An unexpected error has occurred. | ETA: 0:11:48 4.17 kB/s
Please consider posting the following information to the
conda GitHub issue tracker at:
https://github.com/conda/conda/issues
Current conda install:
platform : win-64
conda version : 4.2.9
conda is private : False
conda-env version : 4.2.9
conda-build version : 2.0.2
python version : 2.7.12.final.0
requests version : 2.11.1
root environment : C:\Program Files\Anaconda2 (writable)
default environment : C:\Program Files\Anaconda2
envs directories : C:\Program Files\Anaconda2\envs
package cache : C:\Program Files\Anaconda2\pkgs
channel URLs : https://repo.continuum.io/pkgs/free/win-64/
https://repo.continuum.io/pkgs/free/noarch/
https://repo.continuum.io/pkgs/pro/win-64/
https://repo.continuum.io/pkgs/pro/noarch/
https://repo.continuum.io/pkgs/msys2/win-64/
https://repo.continuum.io/pkgs/msys2/noarch/
config file : None
offline mode : False
`$ C:\Program Files\Anaconda2\Scripts\conda-script.py install scrapy`
Traceback (most recent call last):
File "C:\Program Files\Anaconda2\lib\site-packages\conda\exceptions.py", l
ine 473, in conda_exception_handler
return_value = func(*args, **kwargs)
File "C:\Program Files\Anaconda2\lib\site-packages\conda\cli\main.py", lin
e 144, in _main
exit_code = args.func(args, p)
File "C:\Program Files\Anaconda2\lib\site-packages\conda\cli\main_install.
py", line 80, in execute
install(args, parser, 'install')
File "C:\Program Files\Anaconda2\lib\site-packages\conda\cli\install.py",
line 420, in install
raise CondaRuntimeError('RuntimeError: %s' % e)

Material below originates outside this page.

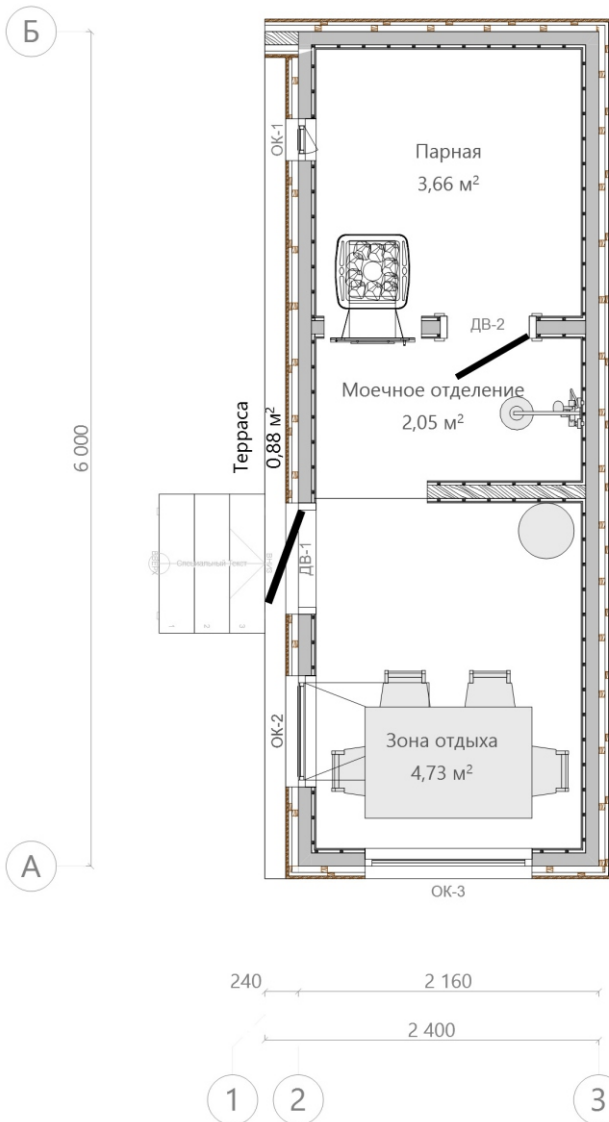

Баня ДЖУЗЕППЕ

14,4
(11,3) м²

от 1 700 000 ₺

CondaRuntimeError: Runtime error: RuntimeError: Runtime error: Could not ope
n u'C:\\Program Files\\Anaconda2\\pkgs\\twisted-16.6.0-py27_0.tar.bz2.part' for
writing (HTTPSConnectionPool(host='repo.continuum.io', port=443): Read timed out
.).
手动安装twisted库
发现是在安装Twisted库的时候超时了,所以呢,就单独安装这个库吧
使用命令:conda install twisted
C:\Windows\System32>conda install twisted
Fetching package metadata .........
Solving package specifications: ..........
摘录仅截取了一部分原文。